Two years and a month after announcing that it would launch a more professional-looking developer platform than the wildly successful one at Facebook, LinkedIn today finally opened up a series of application programming interfaces for other companies to build on top of. Make no mistake about it, though - there's some good news and there's some bad news.
LinkedIn holds an incredibly useful body of data about its users - not just because of the relatively high net worth it brags about its users having but because employment information is a very useful way to put a person in context on the web. That data is now available for an ecosystem of other developers to incorporate; TweetDeck, Posterous, Ribbit and several other applications already have.
Disambiguation of people with the same name and privacy limitations regarding who gets to see who's information are both complicating factors. The coolest use of the search API we've seen so far is Salim Ismail and Rohit Khare's Knx.to. That service is limited to your own connections so far, but it's definitely a keeper.
LinkedIn is not Twitter! LinkedIn's Adam Nash told us this morning that he loves the Twitter and Twitter-like integrations but "integrating messaging isn't the goal, there's a wide range of business applications that will benefit from it.
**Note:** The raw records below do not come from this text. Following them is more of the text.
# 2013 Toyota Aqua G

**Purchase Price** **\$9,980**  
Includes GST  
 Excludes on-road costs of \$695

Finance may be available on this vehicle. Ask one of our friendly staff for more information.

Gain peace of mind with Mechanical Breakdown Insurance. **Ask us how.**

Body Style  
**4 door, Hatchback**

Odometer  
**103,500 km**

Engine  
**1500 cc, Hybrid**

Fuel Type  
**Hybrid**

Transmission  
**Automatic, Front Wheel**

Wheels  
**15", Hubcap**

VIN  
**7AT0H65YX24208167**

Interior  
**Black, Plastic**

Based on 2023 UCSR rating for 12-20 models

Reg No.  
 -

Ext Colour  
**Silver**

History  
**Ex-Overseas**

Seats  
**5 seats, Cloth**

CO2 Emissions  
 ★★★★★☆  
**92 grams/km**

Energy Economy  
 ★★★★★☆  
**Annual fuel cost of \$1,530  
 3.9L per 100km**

Twitter is hot so people are jumping to that but there are far more compelling business cases."
Two years after the business-oriented platform was announced tiny Tweetdeck was just so hot it out-maneuvered all the business applications that could have been built to showcase? I don't buy it. Just like the formal partnership between Twitter and LinkedIn earlier this month, I worry that this API is built with marketing, promotion and broadcast functions best served.
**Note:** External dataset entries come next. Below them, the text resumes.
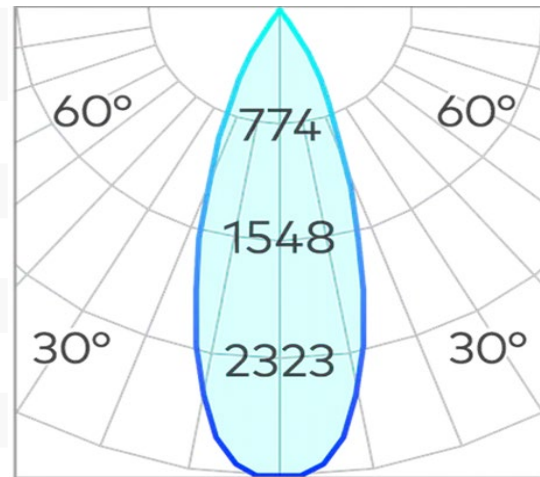

Product Code-	IFL-LGD30015.TW30.M
Wattage-	15W
Voltage	48v DC
Colour Temperature (k)-	3000K
Beam Angle-	36°
Optional Degree	N/A
Lumen output-	1180
Lamp Base-	COB
CRI-	92+
Ip Rating-	IP20
Dimmable	YES
Mounting Type-	Track Mount
Material-	Aluminium
Colour-	White
Warranty-	5 Years Replacement

"The signal from this is that they aren't encouraging developers to take the social graph and deep knowledge of peoples' professional lives and create new UIs for interacting with LinkedIn because they are explicitly concerned about competition," Michels said. "LinkedIn has amazing assets and a great business model - get out of the UI business!"
Likewise several developers have expressed concern around the commercial limitations on the API. LinkedIn's Nash clarified with us that those terms simply prohibit charging people extra money for access to the free LinkedIn service and building an advertising network on top of LinkedIn profile data because of privacy concerns.
Finally, the terms of the API aren't always clear. Michels points out that rate limits on accessing the API aren't made explicit - only that there will be rate limits and that a developer can email LinkedIn to request a personal expansion of their limit.
Michels may have said it best: "There are some really smart people over there at LinkedIn. If this is what we waited 2 and a half years for, it's a bit disappointing."
It is a bit, but not entirely disappointing. We look forward to seeing how the platform evolves and what kinds of applications are built on top of it. The web has been waiting a long time for a LinkedIn platform - now let's see what happens.